Brimelow, you may recall, is the head of VDare, and has left a trail of repugnant bigotry in his wake. But he is not some outlier, way beyond the mainstream.

A few years ago, it emerged that Spokane’s Innovia Foundation had been funneling a local donor’s anonymous contributions to VDare; it stopped when the practice became embarrassingly public, though a former leader of the foundation had already been pressing the organization unsuccessfully to put a stop to the practice.
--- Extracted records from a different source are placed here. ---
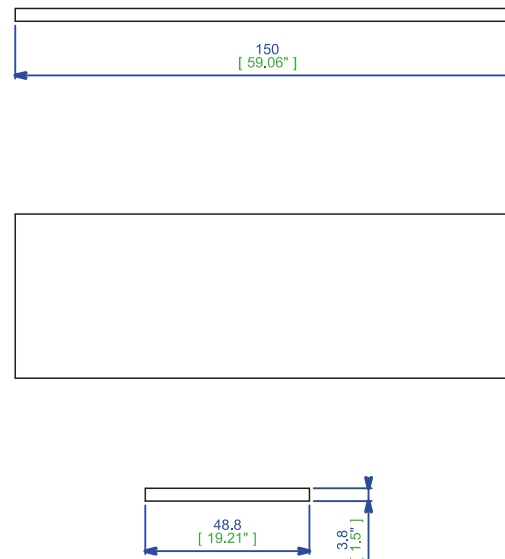

Collection CONTACT

rochebobo
PARIS

design Studio Roche Bobois

Eléments seuls - Units on their own - Módulos solos

RCTCL69P1000H - L100,00 H112,80 P51,00 cm
Caisson 2 portes, 3 étagères intérieures verre, avec socle

RCTCL69P1000H - L39,37" H44,41" P20,08"
2 door unit, 3 interior glass shelves, with base

RCTCL69P1000H
Caja 2 puertas, 3 estantes interiores de cristal, con zócalo

RCTCL81AASS - L100,00 H38,00 P51,00 cm
Caisson 2 abatants dont 1 tissu, sans socle

RCTCL81AASS - L39,37" H14,98" P20,08"
2 flaps (1 in fabric) unit with base

RCTCL81AASS
Caja 2 abatibles cuyo 1 de tejido, sin zócalo

RCTCL74SOCLETER - L150,00 H3,8 P48,8 cm
Socle 1500

RCTCL74SOCLETER - L59,06" H1,5" P19,21"
Base 1500

RCTCL74SOCLETER
Zócalo 1500

RCTCL76PIV485 - L115,5 H51 P32,7 cm
Pivot haut

RCTCL76PIV485 - L45,47" H20,08" P12,87"
High pivot

RCTCL76PIV485
Pivote alto

DL036

These days, the racist notions that fuel VDare, and that fueled the marchers in Charlottesville, Virginia, are available nightly on the Tucker Carlson show. Which is to say that Brimelow, and his desire to resegregate America, may represent the fringe, but the fringe isn’t as fringey as it was.

The head of the Lambs of Christ, Norman Weslin, helped inspire a network of violent action against abortion, evolving into Operation Rescue and other extreme movements that included believers in the “justifiable homicide theory” for abortion providers. He was often celebrated by more mainstream pro-lifers as being nonviolent.

Those who study American extremism have noted intersections between that network and white supremacists and anti-government patriot and militia groups – where the belief that “sodomites” should be murdered and Jewish globalists control the world may ride side by side with anti-abortion views.

The fight against abortion has always had these ugly contours, and the settled state of Roe has often been highly unsettled.

What comes next will not mean the end of abortion, nor will it be the end of these unsettled states. Access to abortion for the least powerful women in our society – the poorest, the youngest, the most trapped in their circumstances – seems likely to worsen, but it does not minimize the severity of that change to note that such access has been a problem even under Roe.

People like Susan Wicklund did what they could to remedy that, and they will again.